Party Like It’s 1929, or 2019, With Megg Farrell and Ricky Alexander
by delarue
For the last few years before the lockdown, Sweet Megg & the Wayfarers were one of New York’s top hot 20s-style swing dance bands. They held down a regular Radegast Hall residency and if memory serves right were also one of the main attractions at the now-discontinued Porchstomp festival on Governors Island. Radegast Hall may no longer have music, and these days Governors Island visitors are subject to a clusterfuck of the World Economic Forum’s New Abnormal restrictions. But the core of the band, frontwoman Megg Farrell and multi-reedman Ricky Alexander are still partying like it’s 2019 and have a high-voltage new album, I’m in Love Again, streaming at Spotify. It’s a lot of fun figuring out which are the originals and which are the covers here. Sometimes it’s hard to tell: the band really know their hot jazz inside out.
The opening track, My Honey’s Lovin’ Arms has a jaunty, brassy dixieland interweave contrasting with Farrell’s mentholated purr. We get a red-flame forward drive from Mike Davis’ trumpet and Rob Edwards’ trombone, plus a bouncy solo from Alexander’s clarinet over Dalton Ridenhour’s saloon jazz piano and the steady bass and drums of Rob Adkins and Kevin Dorn. It sets the stage for the rest of the party.
Alexander switches to balmy tenor sax for the shuffling ballad Foolin’ Myself, Farrell calm and cool overhead. That’s none other than the great Jerron Paxton on the acoustic blues guitar.
Edwards and Davis square off for a playful duel in Right or Wrong, setting up a slyly amusing clarinet break, Farrell unexpectedly dropping the composed facade and reaching for the rafters. She gets even more diversely seductive after that in Squeeze Me, as the band keep a tightly matching beat going, Davis and Alexander trading solos.
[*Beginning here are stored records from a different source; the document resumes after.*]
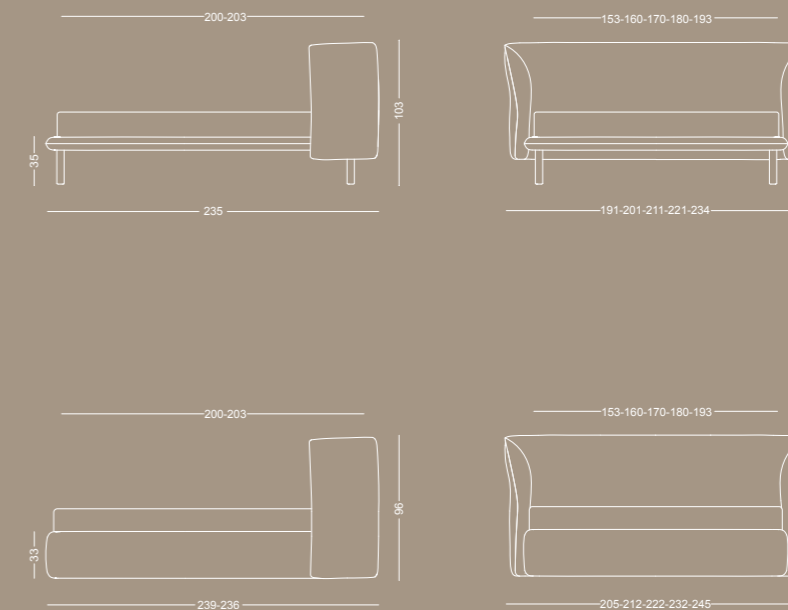

**Misure
Sizes**

Misure Sizes	Misura materasso Mattress size	Ingombro letto Bed size
Jill	153 × 203 cm	191 × 235 × h.103 cm
	160 × 200 cm	201 × 235 × h.103 cm
	170 × 200 cm	211 × 235 × h.103 cm
	180 × 200 cm	221 × 235 × h.103 cm
	193 × 203 cm	234 × 235 × h.103 cm
Con contenitore With container	153 × 203 cm	205 × 239 × h.96 cm
	160 × 200 cm	212 × 236 × h.96 cm
	170 × 200 cm	222 × 236 × h.96 cm
	180 × 200 cm	232 × 236 × h.96 cm
	193 × 203 cm	245 × 239 × h.96 cm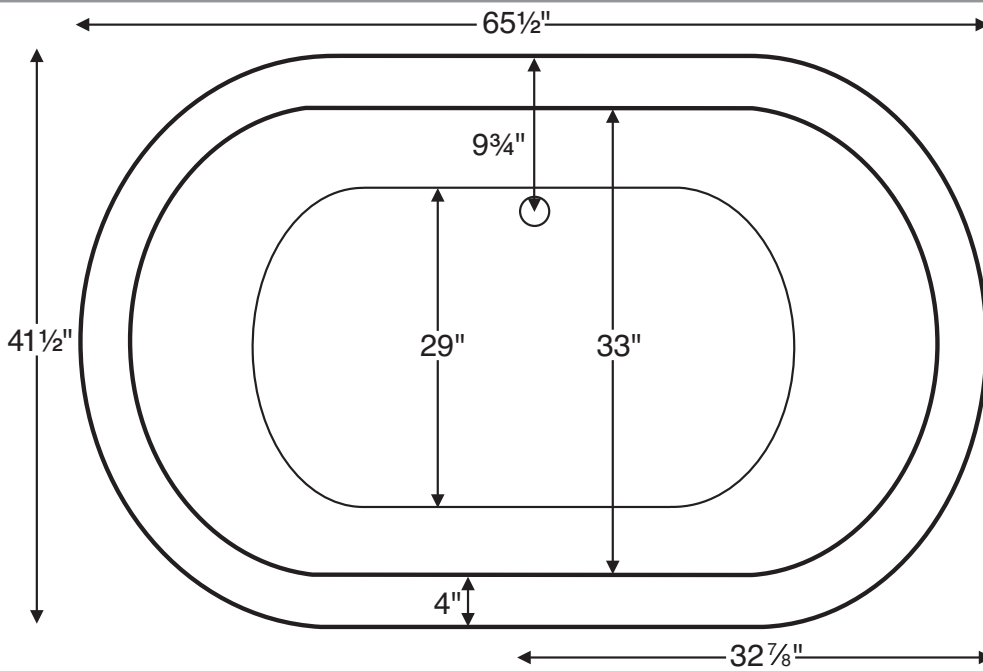

GENERAL SPECIFICATIONS:

Tub Size	65.5" x 41.5" x 26.75"
Bathing Well	length: 54" top / 39.5" bottom width: 33" top / 29" bottom depth at overflow: 18.5"
Soaker Weight	200 lbs / 56.75 kg
Maximum Fill	94 gal to overflow
Undermountable	No

NOTE: Filling this tub to the maximum may require an above average size or dedicated water heater.

NOTE: Not recommended as a tub / shower combination.

Primm MTDS-66

65.5" x 41.5" x 26.75"

Freestanding Tub

All MTI freestanding tubs use wall-mounted or freestanding faucets.

Measurements are $\pm 1/2"$ and are subject to change without notice.
Data herein supersedes all previous prior to publication date shown below.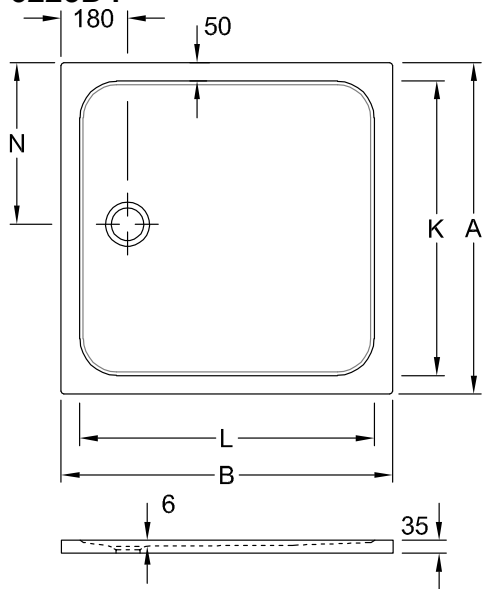

### 1 . POSITION

<b>Model</b>	<b>6223D4</b>
Collection	Lifetime Plus
PROJECTS	DESIGN
Width	900 mm
Height	35 mm
Length	900 mm
Weight	29,78 kg
description	Plus Ceramic not available in CeramicPlus suitable for surface-mounted or flush-fit installation, 4 sides glazed, The installation height of the shower can be reduced by 30mm if outlet fitting 9226 00 XX is used. Please note: this outlet fitting does not conform to EN 274. Ceramic with anti-slip finish (PN18 / non-slip category B) and extra-flat design slip-resistant Non-slip category PN18
material	Ceramic
Specification texts	Lifetime Plus; Plus; Shower tray; Plus; Ceramic; Size: 900 x 900 x 35 mm; Square; Non-slip category PN18

## COLOURS

White Alpin	6223D401	4051202466923
Taupe Anti-slip	6223D4TP	4051202466930
Ardoise Anti-slip	6223D4W9	4051202466947

TECHNICAL DRAWINGS

**6223D4**

	A	B	K	L	N
6223 J5	1000	1000	900	900	500
6223 D4	900	900	800	800	450
6223 B3	800	800	700	700	400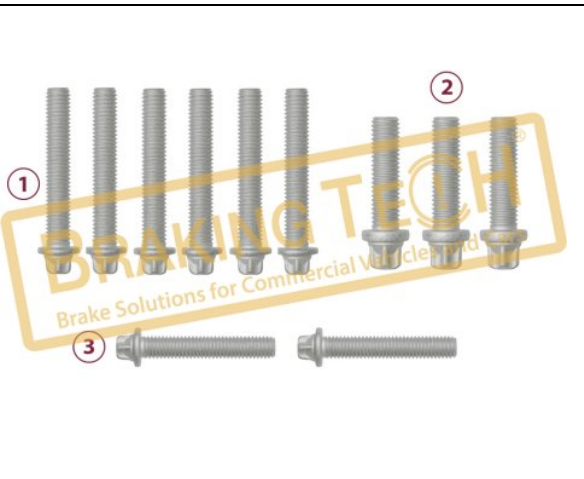

No	BT No	Information
1	BTT10 x 1	Guide Pin Ø34X120mm
2	BTK20 x 1	Rubber Bush Ø34X40/95mm

**BTK10196**

**Description :**  
 Cover Bolts

**Application : :**  
 Knorr Calipers

**OEM No :**  
 TT Ref: CKSK.18.5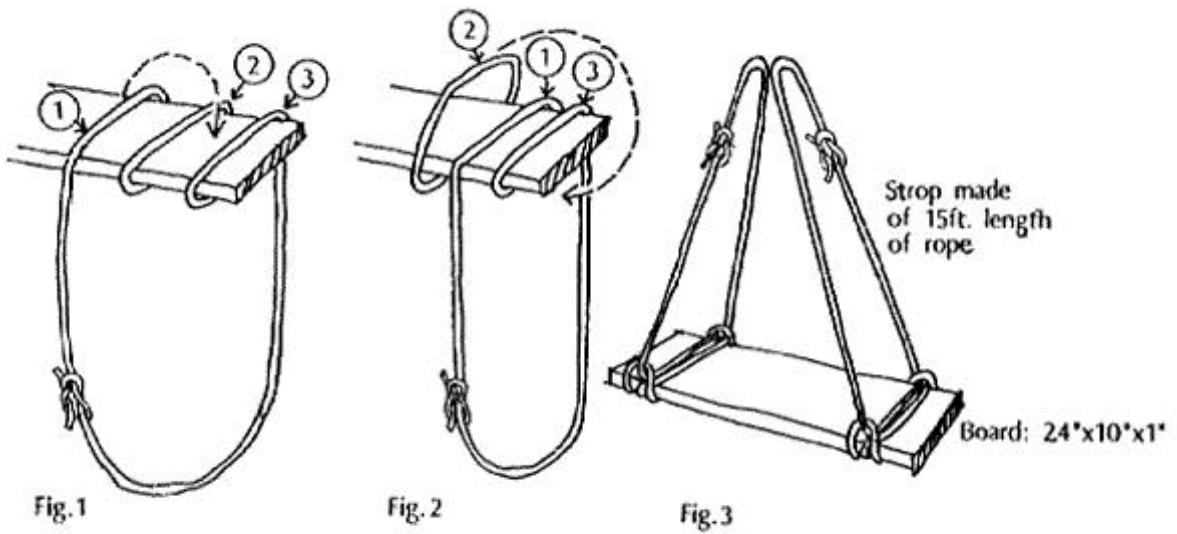

Pioneering Challenge

Project: Scaffold Hitch

Points: up to 50 points

Equipment: plank
several ropes

Time rating: short

Difficulty rating: easy

Notes: the plank should be held secure, stable and level

Scaffold Hitch

Scaffold Hitch

Farrell and Paxton (on banjo here) duet on the coyly innuendo-fueled Last Night on the Back Porch. The horns duel and then make way for a wry Paxton banjo break in Angry, then the group slow everything down for I Got It Bad, with a lusciously lustrous, Ellingtonian arrangement and Alexander’s most affecting sax solo here.
Ragged But Right has a rustic hokum blues vibe and a deviously perfect early 30s vernacular. The band take the vibe about twenty years further into the future on album’s title track, with its western swing tinges and Ridenhour’s scrambling piano.
I’d Love to Take Orders From You – yikes, that’s a scary title for 2021 – has the album’s most sophisticated rhythms. The band close it out with A Blues Serenade, awash in lush nocturnal sonics behind Farrell’s expressive, dynamic vocals. Won’t it be fun when we get rid of Cuomo and all the restrictions and bands like this can get the party started at any venue that will have them.